▸ **Problem requirements**: Please copy out every line in the entries that includes the word "Highest".

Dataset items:

--------------------

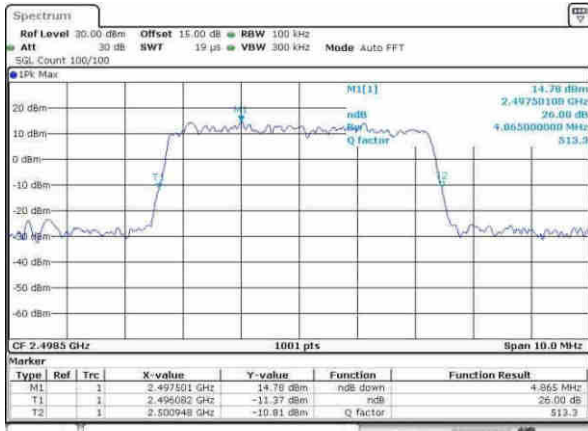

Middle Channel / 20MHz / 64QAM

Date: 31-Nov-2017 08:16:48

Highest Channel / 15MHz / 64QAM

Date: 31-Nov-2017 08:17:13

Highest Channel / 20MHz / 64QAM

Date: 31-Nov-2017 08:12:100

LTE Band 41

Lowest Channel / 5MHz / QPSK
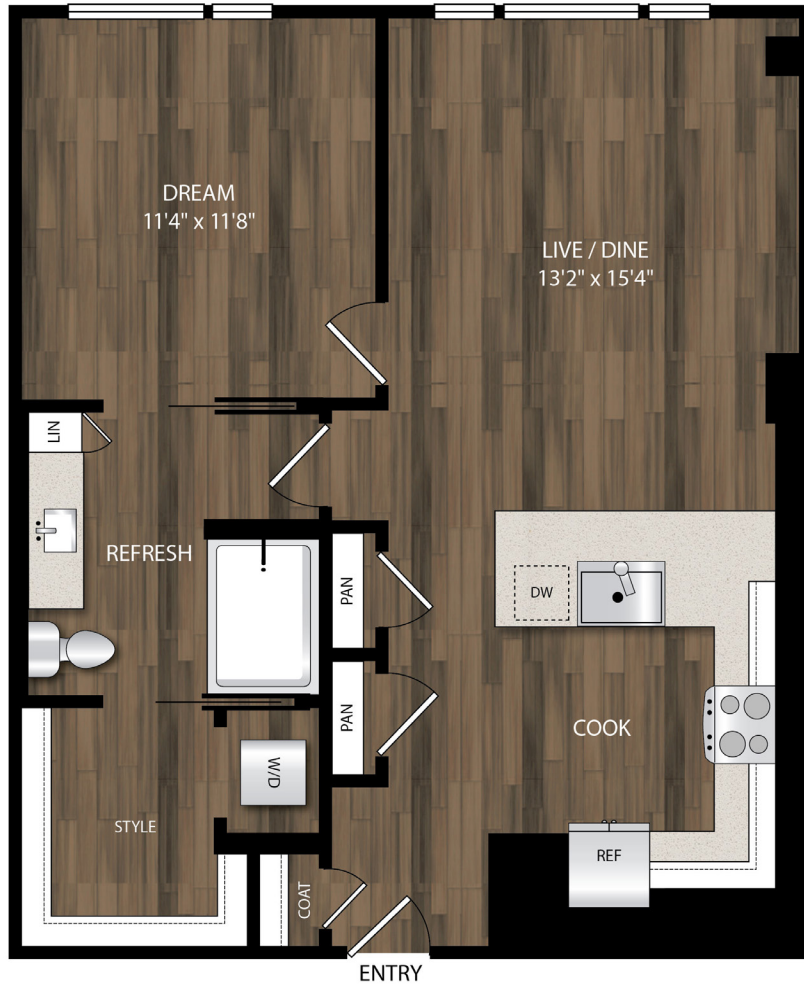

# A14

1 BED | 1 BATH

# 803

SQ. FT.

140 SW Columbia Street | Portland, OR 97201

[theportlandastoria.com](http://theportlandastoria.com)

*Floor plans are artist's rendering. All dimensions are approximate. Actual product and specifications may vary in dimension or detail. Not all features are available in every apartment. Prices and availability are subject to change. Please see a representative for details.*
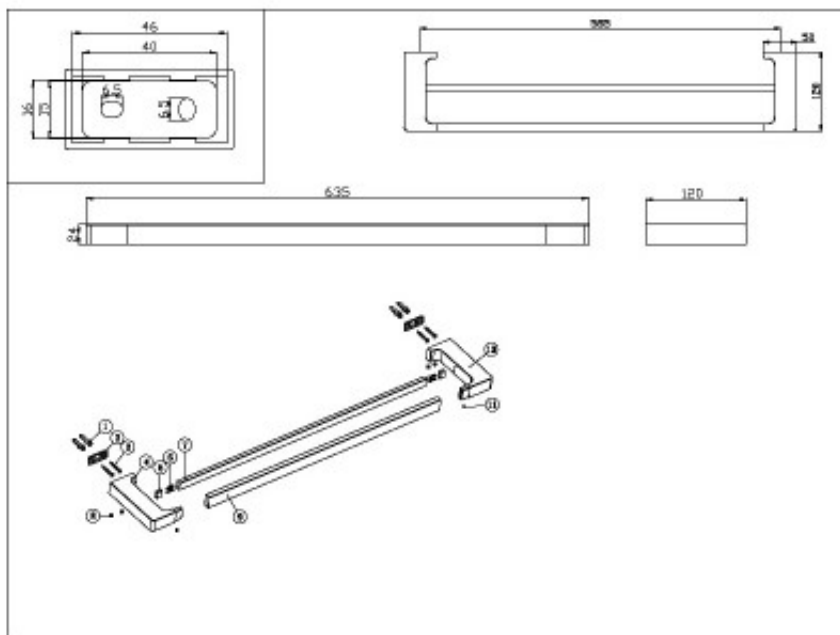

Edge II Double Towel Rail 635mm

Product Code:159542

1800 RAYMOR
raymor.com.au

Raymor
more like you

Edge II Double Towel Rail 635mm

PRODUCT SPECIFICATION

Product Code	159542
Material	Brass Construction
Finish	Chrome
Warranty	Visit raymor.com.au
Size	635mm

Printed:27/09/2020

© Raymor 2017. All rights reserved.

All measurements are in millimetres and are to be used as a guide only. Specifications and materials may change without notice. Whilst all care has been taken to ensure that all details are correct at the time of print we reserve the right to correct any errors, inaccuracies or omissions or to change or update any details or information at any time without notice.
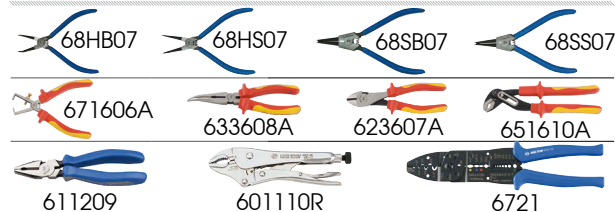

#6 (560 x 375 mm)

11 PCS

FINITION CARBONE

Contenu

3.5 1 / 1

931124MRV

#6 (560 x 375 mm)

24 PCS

--------------------

▸ **Task result**:
Highest Channel / 15MHz / 64QAM
Highest Channel / 20MHz / 64QAM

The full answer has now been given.